We'll start with talking directly to the LLMs.

## Basic requests

While each LLM provider has their own tools and libraries to work with the LLM, they almost all support an "OpenAI compatible endpoint." Since ChatGPT got very popular very quickly, this is an attempt by Anthropic and Google to ease the transition to using their tooling.

This means means you can re-use a lot of your code across different providers easily.
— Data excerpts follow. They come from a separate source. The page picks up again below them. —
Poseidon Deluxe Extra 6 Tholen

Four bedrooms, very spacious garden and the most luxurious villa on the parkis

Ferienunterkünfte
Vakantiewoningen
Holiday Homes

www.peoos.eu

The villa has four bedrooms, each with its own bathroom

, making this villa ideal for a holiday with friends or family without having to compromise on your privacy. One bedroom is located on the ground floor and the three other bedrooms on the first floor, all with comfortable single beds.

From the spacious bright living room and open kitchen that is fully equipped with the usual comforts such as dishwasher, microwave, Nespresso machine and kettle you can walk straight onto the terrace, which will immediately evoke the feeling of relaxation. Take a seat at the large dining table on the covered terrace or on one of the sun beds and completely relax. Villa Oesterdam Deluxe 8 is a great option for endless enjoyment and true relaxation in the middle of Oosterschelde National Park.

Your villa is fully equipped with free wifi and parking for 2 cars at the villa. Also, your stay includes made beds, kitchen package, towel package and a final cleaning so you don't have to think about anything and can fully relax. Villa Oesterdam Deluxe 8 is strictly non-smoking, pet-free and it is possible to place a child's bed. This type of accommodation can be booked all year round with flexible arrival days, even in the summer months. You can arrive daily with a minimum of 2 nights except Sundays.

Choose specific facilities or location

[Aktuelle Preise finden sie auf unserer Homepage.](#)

Find more about the library here: https://github.com/openai/openai-python

In [None]:
# Import the openai library
from openai import OpenAI

In order to use these services we need **API keys!**

While using the AI chatbots through the website is almost always free, using them through *Python* costs money. API keys are how they track your usage. In this case, just use mine!

In [None]:
# API KEYS GO HERE, ASK SOMA!!

### Talking to ChatGPT

Here is how you talk to ChatGPT. You let it know the model you want, a series of messages, and then print out the (very awkward) `completion.choices[0].message.content`. There's actually a more recent version of the API buuuut it doesn't work with other providers so we're ignoring it for now.

In [None]:
client = OpenAI(api_key=OPENAI_API_KEY)

completion = client.chat.completions.create(
    model="gpt-4.1-nano",
    messages=[
        { "role": "user", "content": "What color is the sky?", },
    ],
    temperature=0
)

print(completion.choices[0].message.content)

### Talking to Claude

Claude, the AI model run by Anthropic, is known for having the *best personality*.

In [None]:
client = OpenAI(base_url='https://api.anthropic.com/v1/', api_key=CLAUDE_API_KEY)
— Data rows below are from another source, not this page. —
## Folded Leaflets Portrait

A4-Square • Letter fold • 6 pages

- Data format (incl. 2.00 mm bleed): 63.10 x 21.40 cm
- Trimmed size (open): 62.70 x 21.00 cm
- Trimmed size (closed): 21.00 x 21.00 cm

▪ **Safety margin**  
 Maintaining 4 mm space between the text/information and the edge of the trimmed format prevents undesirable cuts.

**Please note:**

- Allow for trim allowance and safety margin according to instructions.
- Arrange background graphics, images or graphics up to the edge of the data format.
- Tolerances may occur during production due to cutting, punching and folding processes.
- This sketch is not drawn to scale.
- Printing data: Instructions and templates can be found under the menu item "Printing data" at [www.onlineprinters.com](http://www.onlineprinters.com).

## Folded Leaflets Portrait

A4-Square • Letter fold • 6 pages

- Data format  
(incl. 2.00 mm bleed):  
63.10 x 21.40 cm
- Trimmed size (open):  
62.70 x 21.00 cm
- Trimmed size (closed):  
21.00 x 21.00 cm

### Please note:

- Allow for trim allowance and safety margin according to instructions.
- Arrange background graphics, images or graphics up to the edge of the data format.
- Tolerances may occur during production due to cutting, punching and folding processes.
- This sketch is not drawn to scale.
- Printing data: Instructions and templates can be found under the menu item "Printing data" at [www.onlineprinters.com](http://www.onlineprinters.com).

completion = client.chat.completions.create(
    model="claude-3-5-haiku-20241022",
    messages=[
        { "role": "user", "content": "What color is the sky?", },
    ],
    temperature=0
)

print(completion.choices[0].message.content)

### Talking to Google Gemini

Everyone ignores Google Gemini, even though it works *great*. It can be a little wordy sometimes but it's very very capable (as you'll see later on).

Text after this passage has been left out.